On Sunday August 31, 2014, the Virginia Coalition of Motorcyclists held its annual Motorcycle Legislative Roundtable. Despite being the Sunday before Labor Day, over thirty interested motorcyclists gathered at the Hilton Garden Inn Downtown Richmond to discuss issues important to Virginia Motorcyclists. We identified issues which we want to pursue in 2015 and formulated strategies to pursue them. Along with many concerned independent motorcyclists, members of ABATE of Virginia, Virginia Bikers Association, and United States Military Vets MC were in attendance. We also had the benefit of having several motorcycle safety instructors take part. All in all, we had quite a bit of knowledge and experience in the room.
The group was unanimous in it’s wish to have a bill introduced during the 2015 legislative session which will amend Virginia Code Section 46.2-1012 (lights on motorcycles) in two ways. The first proposed amendment will make it easier to install and use auxiliary lights on motorcycles in order to increase visibility to other motorists. The second proposed amendment would remove the five second limitation on modulating brake lights. Under current Virginia law, a brake light may only modulate up to five seconds. It must then burn steady. Many brake light kits on the market today do not meet that limitation. In addition, motorcyclists often find themselves stopped for longer than five seconds. It makes sense to allow the light to continually modulate in order to increase visibility to motorists approaching from behind.
The next issue we considered was increasing the penalties for motorists who kill someone while committing a right of way violation. In the past we have attempted to make such an offense reckless driving, most recently last year. Making the offense reckless driving would force the offender to come to court and would give the court the ability to impose jail and/or suspend the offender’s license. Too many times those who kill others in right of way violations are charged with failure to yield the right of way. That is a traffic infraction which is often pre-paid. After much discussion, it was decided that we would take a non-legislative approach this year. This is due to the bill’s repeated failure in the General Assembly and the open hostility that our closest friends there have to this issue. VCOM will attempt to set up meetings with state and local law enforcement officials to discuss having the investigating officers charge such offenders with reckless driving instead of failure to yield the right of way. Virginia law defines reckless driving as driving in a manner so as to endanger the life, limb, or property of any person (46.2-852). Certainly violating the right of way of another and killing them meets that threshold.
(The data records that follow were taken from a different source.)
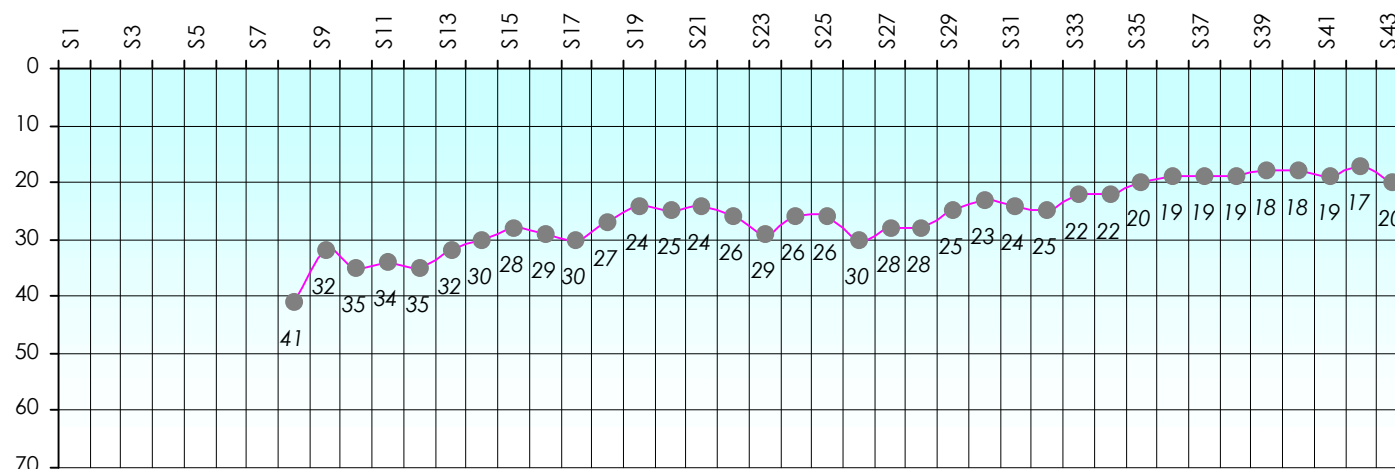

Mise à Jour : 23/06/2016

Challenge de l'Amitié 2015/2016

Le Nettoyeur

Sit'n Go

Podiums par semaines

Classement Général

Septembre 2015				Octobre 2015				Novembre 2015				Décembre 2015				
S1	S2	S3	S4	S5	S6	S7	S8	S9	S10	S11	S12	S13	S14	S15	S16	S17
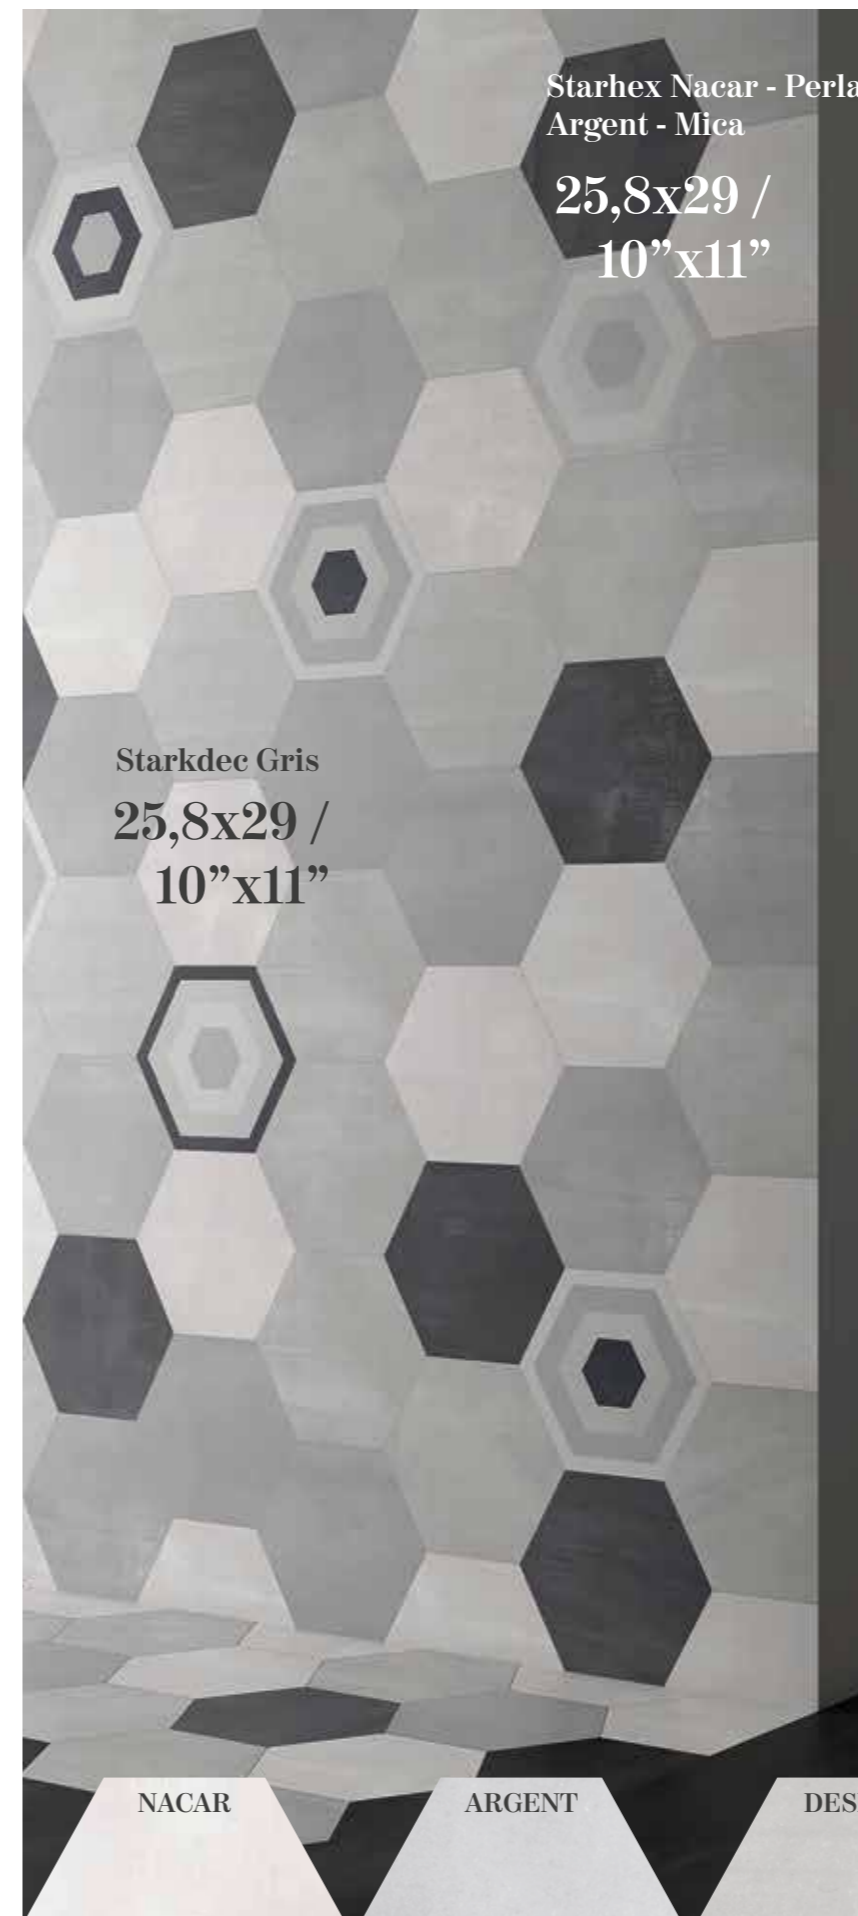

STARKDEC GRIS

Starkdec Desert
25,8x29 /
10"x11"

Starkhex Nacar
25,8x29 /
10"x11"

Starkhex Nacar
Perla - Argent
25,8x29 /
10"x11"

Starkhex Nacar - Perla
Argent - Mica
25,8x29 /
10"x11"

Starkdec Gris
25,8x29 /
10"x11"
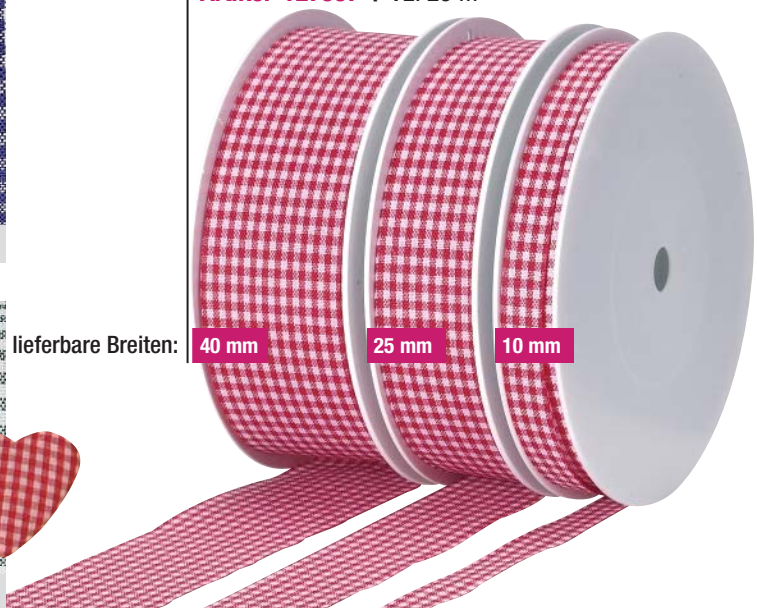

KAROBÄNDER

lieferbare Breiten:

- 40 mm
- 25 mm
- 15 mm
- 10 mm
- 5 mm

*Auslauffarben

lieferbare Breiten:

- 40 mm
- 25 mm
- 10 mm

B1

Art.-Nr.	Größe	Fb.	VE
B1 A 335059	2 cm	30	6 Pack à 12 St.
B 335059	2 cm	40	6 Pack à 12 St.
C 335060	3 cm	30	6 Pack à 6 St.
D 335060	3 cm	40	6 Pack à 6 St.

KAROBÄNDER

*Auslauffarben

The group also agreed that VCOM, in conjunction with ABATE of Virginia, will meet with officials of the Virginia Department of Transportation in order to discuss the feasibility of using current overhead traffic warning signs to display “Watch for Motorcycles” throughout the year. Other states have been doing this in recent years and have been able to show a reduction in motorcycle crashes in areas where such messages were displayed.
Another issue discussed was legalizing lane splitting, or at least, allowing motorcycles to use the shoulder when traffic is at a standstill. It was pointed out that there have been issues, particularly in Northern Virginia, with air-cooled motorcycles shutting down in congested traffic. This is especially a problem during the summer months. It was decided that, since there is a study on the subject which is expected to be published within a few months, we would wait on that study before deciding whether or not to take any steps in that direction.
The last matter that was seriously discussed was the status of our attempts to amend Virginia’s helmet law to allow adults, who are at least twenty-one years of age, to decide whether or not to wear a motorcycle helmet. That would make Virginia the 32nd state to allow adults to make that choice. As many who were involved with that bill two years ago know, a majority of both the House of Delegates and Senate would support such a measure. VCOM is currently working to determine the Governor’s position on this matter, as well as the position of other legislative leaders who have the ability under Virginia rules to ensure that such a bill would never get a vote regardless of the support that it may have in each chamber of the General Assembly. Until now we have not been in a position to have those discussions due to the fact that the key members with whom we need to speak were too busy working out budget issues as well as the fate of Medicare expansion in Virginia. When we have more information we will make it known.
As always, if anyone has any questions or comments about anything that I have written, please feel free to contact me. Thank you again to all who took their time to attend this year’s Motorcycle Legislative Roundtable. There are many other things that you could have done with your time. Instead you used it in to improve motorcycling in Virginia. Thank you.